SPAC managers would therefore be very wise to follow these best practices and also conduct similar deep dive searches on the backgrounds and reputations and activities of key managers of acquisition targets.
MANY DEEPER COMPLIANCE CHECKS WILL BE OVERDUE
One of the obvious but sometimes overlooked byproducts of a SPAC listing process is actually there are few compliance checks to perform, because there isn’t really a deep bench of managers and there are few operating entities or affiliates or subsidiaries to run compliance checks on. So, there are relatively fewer compliance checks performed in a SPAC process than there are for a “normal” IPO.
But, once an acquisition target is identified, ALL of the due diligence records searching for compliance risks that would have been required prior to a “normal” listing will be necessary.

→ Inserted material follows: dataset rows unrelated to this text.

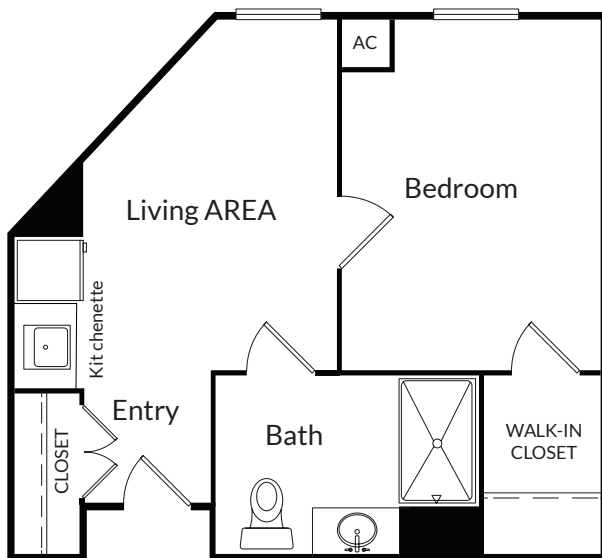

Assisted Living Floor Plans

Studio • Approx. 332 Sq. Ft.

One Bedroom • Approx. 432 Sq. Ft.

One Bedroom • Approx. 442 Sq. Ft.
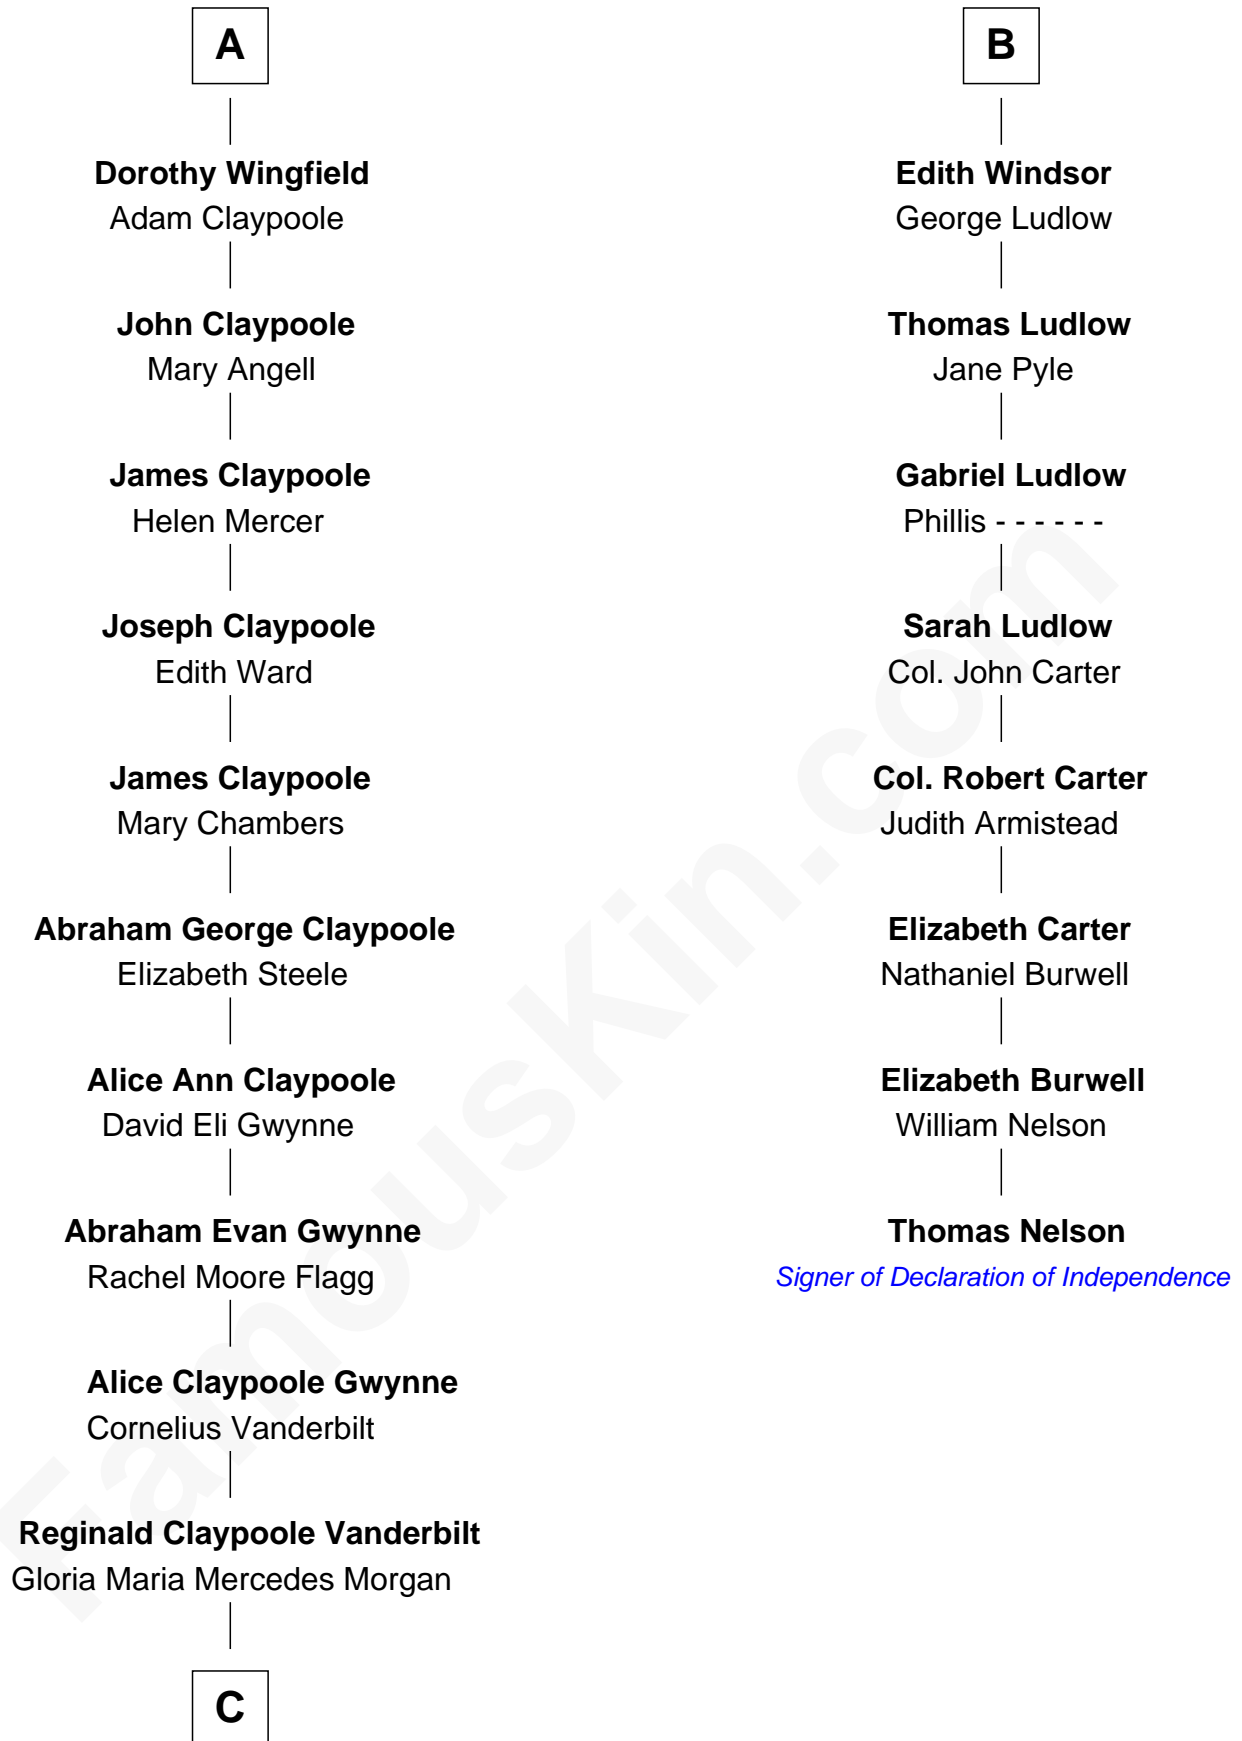

**FamousKin.com**  
**Relationship Chart of**  
**Anderson Cooper**  
*Television Journalist*

14th cousin 4 times removed of

**Thomas Nelson**  
*Signer of the Declaration of Independence*

**Humphrey de Bohun**  
 Elizabeth Plantagenet

**Sir Hugh Luttrell**  
 Catherine de Beaumont

**Elizabeth Goushill**  
 Sir Robert Wingfield

**Elizabeth Luttrell**  
 John Stratton

**Sir Henry Wingfield**  
 Elizabeth Rookes

**Elizabeth Stratton**  
 John Andrews

**Robert Wingfield**  
 Margery Quarles

**Elizabeth Andrews**  
 Sir Thomas de Windsor

**Robert Wingfield**  
 Elizabeth Cecil

**Sir Andrews de Windsor**  
 Elizabeth Blount

**A**

**B**

**Gloria Laura Morgan Vanderbilt**

For some SPAC managers ,this situation may create challenges, Particularly for those that initiated the SPAC process with a specific De-SPAC acquisition target in mind. SPACs will have a fiduciary responsibility to perform a level of compliance checks on their targets that will go far deeper than they may have experienced the first go-round.
WILL HEADLINE RISK BE IMPORTANT? YES.
Headline Risk is based on the concept that there are issues that may negatively impact a stock price if they wound up on the front page of ,The Wall Street Journal, but do not necessarily involve civil or criminal litigation or the breaking of any existing regulations.
As we discussed in SPACs202: Headline Risks are not typically something a computer or automated database report is ever going to cover, but is something that is extremely important. Often, when our team is thinking about risks contained within the data, our team will spend some time considering Headline Risk while preparing an executive summary.
During the De-SPAC process, Headline Risks will have to be reconsidered. Indicators of Headline Risk can relate these days to trends in ESG, in supply chain issues, and the evergreen issues of operational risks such as risks of fraud or corruption. So far, computers cannot deliver an automated report addressing these risks, and there remains considerable value for trained subject matter experts to review research results.